Check 1: Are solar radiation and weather variations included in the assumptions?

The first things to check when generation is low are solar irradiance and weather variations. Because solar power generation produces electricity by receiving sunlight, if sunlight is weakened by clouds, rain, fog, haze, snowfall, smoke haze, yellow dust, or similar conditions, generation will also decrease. This does not immediately indicate a malfunction; it is a fluctuation that can occur due to the way generation works. In particular, on days when the sky looks bright but thin clouds are spread, generation can be lower than under clear-sky conditions. It is important not to judge by the visible weather alone, but to compare solar irradiance and weather records with the generation output.

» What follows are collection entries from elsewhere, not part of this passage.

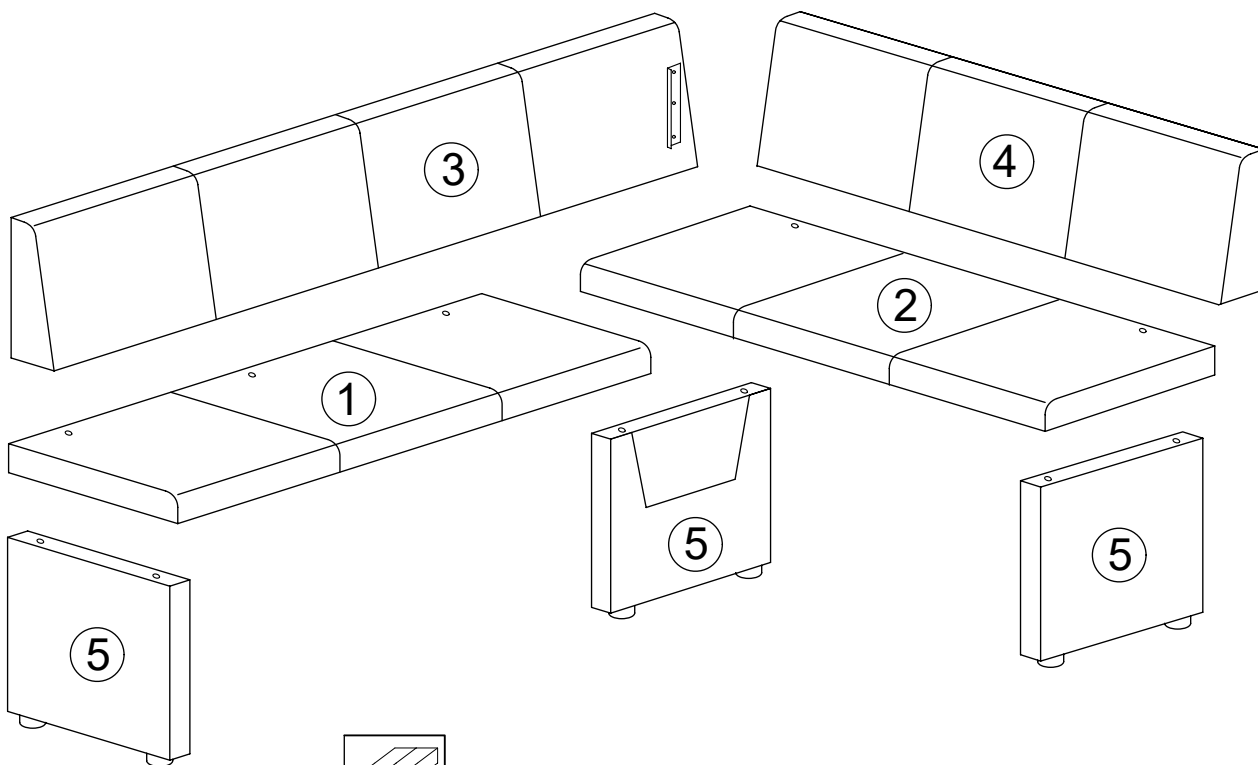

TURIN LEB

Hela Tische Möbel Vertriebs GmbH
Scheidkamp 14, D-32584 Löhne
service@hela-tische.de

			
1	1x	1400x610mm	2/2
2	1x	1400x610mm	2/2
3	1x	2000x420mm	1/2
4	1x	1330x420mm	1/2
5	3x	580x405mm	1/2

	A	M8x100	B	M8x80	C	M8	D	M8
2/2		11x		2x		2x		15x

I.

1.

D	M8	B	M8x80
	4x		2x
		C	M8
			2x

2.

3x

III.

5.

6.

IV.

7.

Séparez les éléments avant de trier

A common situation in practice is directly comparing generation from past clear, sunny days or the values assumed at the design stage with actuals from periods that were mostly cloudy. Even if monthly generation is lower than expected, if that month had many rainy or cloudy days, the cause may be weather conditions rather than an equipment problem. Conversely, if solar irradiance was sufficient yet only generation was low, it is necessary to proceed to check the equipment or the measurement system. If this distinction is not made, the order of investigating causes becomes confused.

When checking solar irradiance, we examine a combination of values from pyranometers installed at the plant, meteorological data from surrounding areas, and local weather notes. Even when using an on-site pyranometer, readings can be skewed by sensor contamination, installation angle, or shadows from nearby objects. It is important not to treat pyranometer values as absolute; cross-check them against the plant’s power generation curve and on-site conditions. At sites without a pyranometer, nearby meteorological data may be used as a reference, but it may not fully reflect localized clouds, mountain shadows, or weather differences caused by sea breezes.

When looking at the relationship between power generation and solar irradiance, it's easier to judge if you consider not only the absolute generated power but also how much is being generated relative to the irradiance. It's natural for generation to be low on days with low irradiance, but if generation does not increase on days with high irradiance, other factors may be suspected. By checking daily generation curves and seeing whether the ramp-up on clear days, the midday peak, and the evening decline are not severely distorted, it's easier to distinguish between weather-driven variations and anomalies.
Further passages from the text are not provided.